Q2:会社のネットワークからだと毎回エラーになります。どうすれば? A:企業のセキュリティポリシーによる検閲は回避できません。スマホの4G回線やテザリングを使用するか、アプリ版を使用してください(アプリはプロキシを経由しない場合があります)。
Q3:アプリでも証明書エラーが出ます。 A:アプリはブラウザのように「続行」の選択肢を与えません。この場合は、一度アンインストールして公式サイトから最新版を再インストールし、スマホの時刻設定を確認してください。
Q4:iOS 14以上で新しい証明書を信頼するには? A:iOSは証明書の審査が厳しく、主要なドメインの証明書を手動で信頼することは推奨されません。エラーが出る場合は、4G回線に切り替えるかWi-Fiを変更してください。
Q5:チャート(K線)だけ証明書エラーが出るのはなぜ? A:チャートデータは data-api.binance.com という別のサブドメインを使用しています。メインサイトは正常でここだけエラーが出る場合、CDNの証明書切り替えのタイミングである可能性があります。10分ほど待って再試行してください。

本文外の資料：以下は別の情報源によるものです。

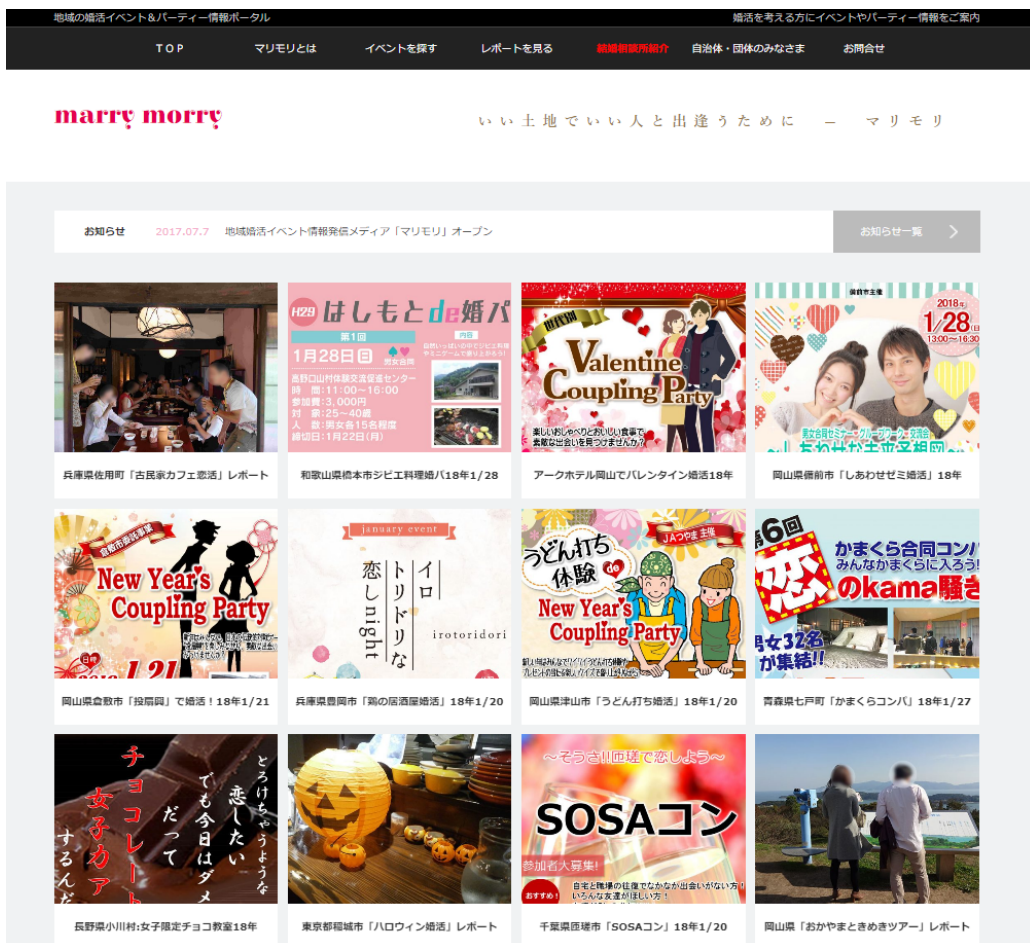

報道関係者各位  
プレスリリース

## 地域に特化した婚活情報サイト「マリモリ」に 「地域の仲人さん&結婚相談所紹介コーナー」が登場！

～全国の個人運営の結婚相談所などをエリア別で宣伝アピール～

全研本社株式会社（本社：東京都新宿区、代表取締役社長：林 順之亮）が展開している、地域別婚活情報のポータルサイト『マリモリ（marry marry）』（<https://marrymorry.jp/>）がこのほど内容をリニューアル。全国の各地域に根ざして活動をしている結婚相談所や仲人さんの情報を顔写真や画像入りで、婚活希望者に紹介していくコーナーを新規追加して、2017年12月27日（水）に生まれ変わりました。

## ■各地域の結婚相談所&仲人さんの存在を積極的にアピール！

マリモリ (marry morry) は、2017年の7月に「どこの地域で結婚をするか」ということにこだわる方々に向けて、県別や市町村別など地域に特化した婚活イベントや結婚支援サービスの情報を発信するサイトとして誕生。以来、急速に展開をしてまいりました。これまでは地方自治体が主催する婚活イベントの情報を中心に紹介してきましたが、このほどさらに内容を拡張し、「地域に根ざして活動している結婚相談所や仲人をされている方」を紹介するコーナーを新設いたしました。

Meets!の婚活ドラマや佐用町主催の婚活イベントについては  
こちらをご覧ください！！ ↓  
<https://www.facebook.com/profile.php?id=100012102135186>

**地域紹介**

**佐用町とは**  
兵庫県西部の西播磨（にしはりま）地域に位置する町。町の南西端部を、全国名水百選にも選ばれた「千種（ちくよ）川」が流れています。夏には一面に咲くひまわり畑を目当てに多くの観光客が訪れ、また星空のきれいな街としても有名です。世界最大の公開望遠鏡「なゆた」がある西はりま天文台には、四季を通じて天文ファンが訪れています。
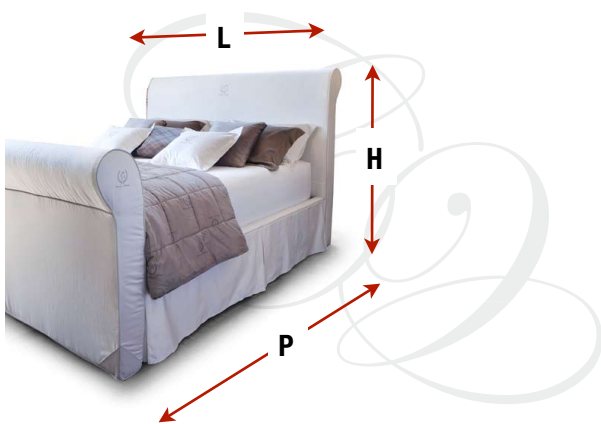

Country Living Seven

Dimensioni
Dimension
Размер

	EXTRA SINGLE	1 PIAZZA 1/2	FRANCESE	MATRIMONIALE	KING SIZE	EXTRA KING SIZE	OVER KING SIZE
<i>materasso / mattress / матрац</i>	100 x 200	120 x 200	140 x 200	160 x 200	180 x 200	200 x 200	210 x 200
<i>dimensioni letto / bed dimension</i> <i>Размер - кровать</i>	L 132 cm	L 142 cm	L 162 cm	L 182 cm	L 202 cm	L 222 cm	L 232 cm
	H 148 cm	H 148 cm	H 148 cm	H 148 cm	H 148 cm	H 148 cm	H 148 cm
	P 240 cm	P 240 cm	P 240 cm	P 240 cm	P 240 cm	P 240 cm	P 240 cm
<i>materasso / mattress / матрац</i>	100 x 210	120 x 210	140 x 210	160 x 210	180 x 210	200 x 210	210 x 210
	P 250 cm	P 250 cm	P 250 cm	P 250 cm	P 250 cm	P 250 cm	P 250 cm
<i>materasso / mattress / матрац</i>	100 x 220	120 x 220	140 x 220	160 x 220	180 x 220	200 x 220	210 x 220
	P 260 cm	P 260 cm	P 260 cm	P 260 cm	P 260 cm	P 260 cm	P 260 cm
<i>materasso / mattress / матрац</i>	100 x 230	120 x 230	140 x 230	160 x 230	180 x 230	200 x 230	210 x 230
	P 270 cm	P 270 cm	P 270 cm	P 270 cm	P 270 cm	P 270 cm	P 270 cm

L = larghezza / width   H = altezza / height   P = lunghezza / length

Q6:証明書が失効(Revoked)している場合は? A:最も深刻な状況です。証明書発行機関がその証明書を無効化したことを意味します。絶対にアクセスせず、ネットワークやデバイスを変えてみてください。それでも解決しない場合は数時間待ち、Binance側の更新を待ってください。
まとめ
SSL証明書エラーはブラウザが提供する安全の砦です。警告には必ず理由があります。「システム時刻の校正 > ルート証明書の更新 > 中間者攻撃の確認 > ネットワークの切り替え」の順で対処しましょう。公共Wi-Fiや不審なネットワークでエラーが出た場合は、無条件でアクセスを中止してください。このプロセスを習慣化することで、あなたのアカウントの安全性は飛躍的に高まります。